The nadir of Obama’s first term came appropriately enough in the trough between his reelection and his second inauguration. On the 2nd of January 2013 he signed The American Taxpayer Relief Act of 2012 making the temporary ‘Bush tax cuts’ (2001, 2003) permanent. In the shadowland between terms, maybe backdating the Act’s official title one year gave Obama an option to pretend he’d signed it when a second term was still at risk.

On 4 November 2008 I went to the polls figuring Obama had a seven percent chance of ‘turning it around,’ it being the party. (Seven percent is my standard guesstimate when I have no idea except I know the chance I’m looking for is remote.) I didn’t go in stupid. For one thing, I went knowing that Obama had outdone McCain at raising money on Wall Street. McCain, a septuagenerian, a cancer survivor, with the bear gutter on deck. In 2008 I voted Obama.

In 2012 I didn’t want to pass up the chance to vote for Elizabeth Warren. This year I had strong opinions about all four questions on the ballot. I went. Both times I voted Green.

Next time: The Silver Lining

One Response to “Thanksgiving” by Paul Hudon

  1. Brian says:

    This piece by Matt Stoller has opened my eyes to the problem of concentrated wealth and power.

    Most Republicans and many Democrats like Clinton and Obama basically think companies can get as big as possible without hurting democracy. This clearly hasn’t worked out so well. The middle class has hollowed out since small and mid-sized business can’t compete with monopolies. The jobs went overseas. Local owners became employees. Shareholder value overtook stakeholder value. Profits over the common good.
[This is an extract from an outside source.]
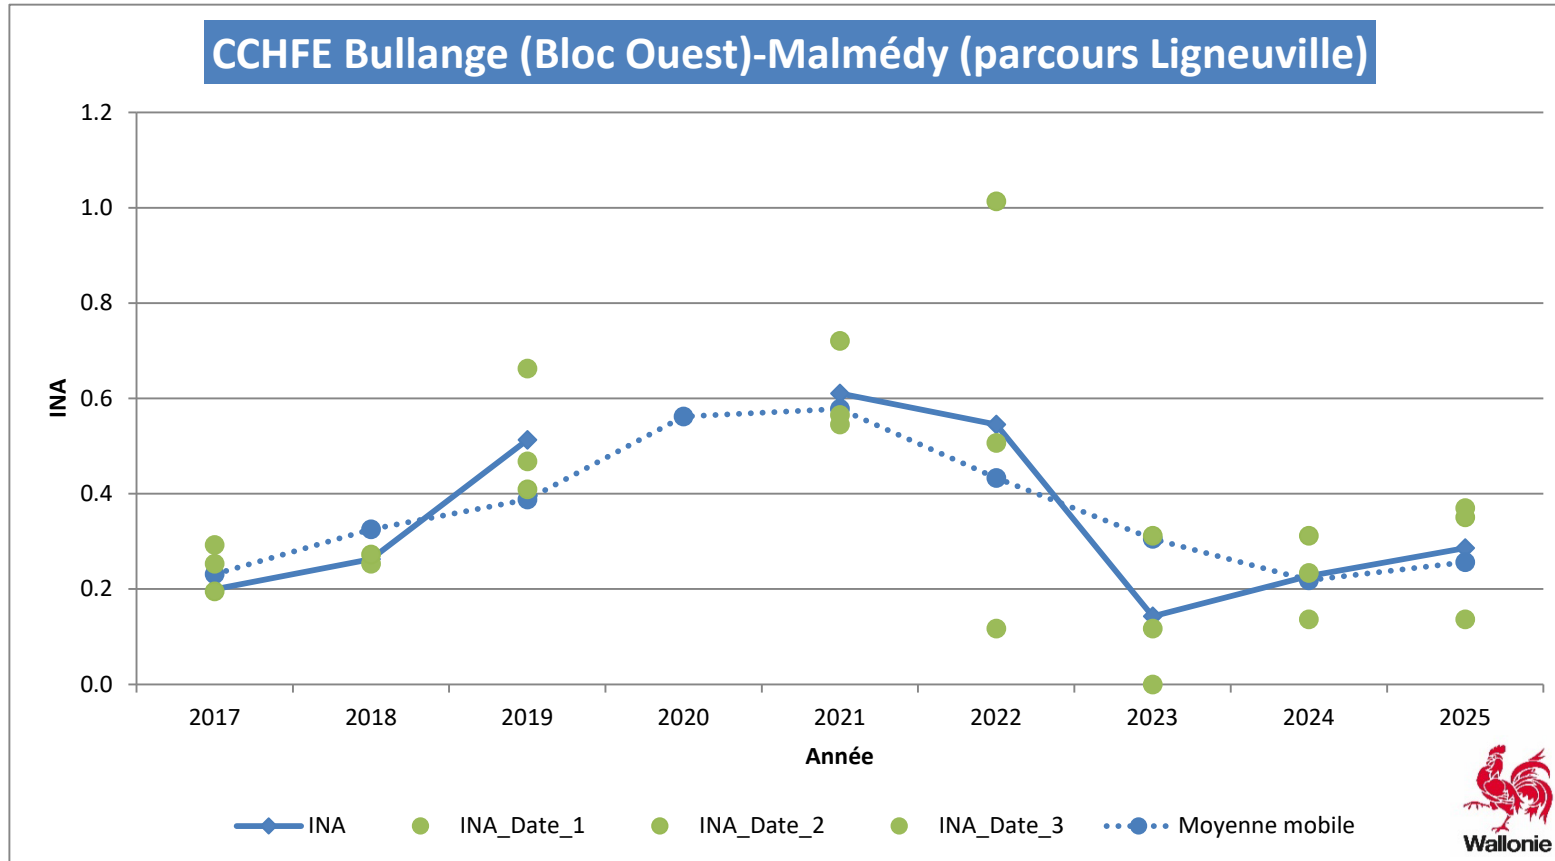

Résultats "Indice Nocturne d'Abondance" Cerf (INA)

Données collectées en collaboration avec le Département de la Nature et des Forêts (DNF) et le conseil cynégétique

    Locally one can look at companies where it’s likely monopolistic forces, not cheaper labor, intervened: The Sun, DJ Reardon, Alexis Drug, Paradise Donut, Capitol Warehouse, Wamesit bowling alley, and much more.
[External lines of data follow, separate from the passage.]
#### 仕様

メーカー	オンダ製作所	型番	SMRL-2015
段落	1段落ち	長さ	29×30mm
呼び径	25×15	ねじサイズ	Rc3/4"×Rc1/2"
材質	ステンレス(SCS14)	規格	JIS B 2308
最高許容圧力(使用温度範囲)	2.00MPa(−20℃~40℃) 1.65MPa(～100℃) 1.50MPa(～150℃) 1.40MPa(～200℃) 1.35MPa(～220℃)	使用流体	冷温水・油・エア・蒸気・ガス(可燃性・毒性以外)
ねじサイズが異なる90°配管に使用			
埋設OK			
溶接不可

    If anti-monopoly policy were as common as it was prior to the 1970’s CVS, Home Depot, Wal-Mart, Dunkin Donuts, and Anheiser-Busch wouldn’t have been able to swallow up or out-compete those companies, taking local ownership and autonomy with it.

    The lucky ones sold out and made a bundle, good on them. The unlucky ones closed or filed bankruptcy. Either way the community suffers. It’s no wonder most people don’t vote in elections, drug use is up, and they don’t care to attend a Spinners game. Democracy is failing us.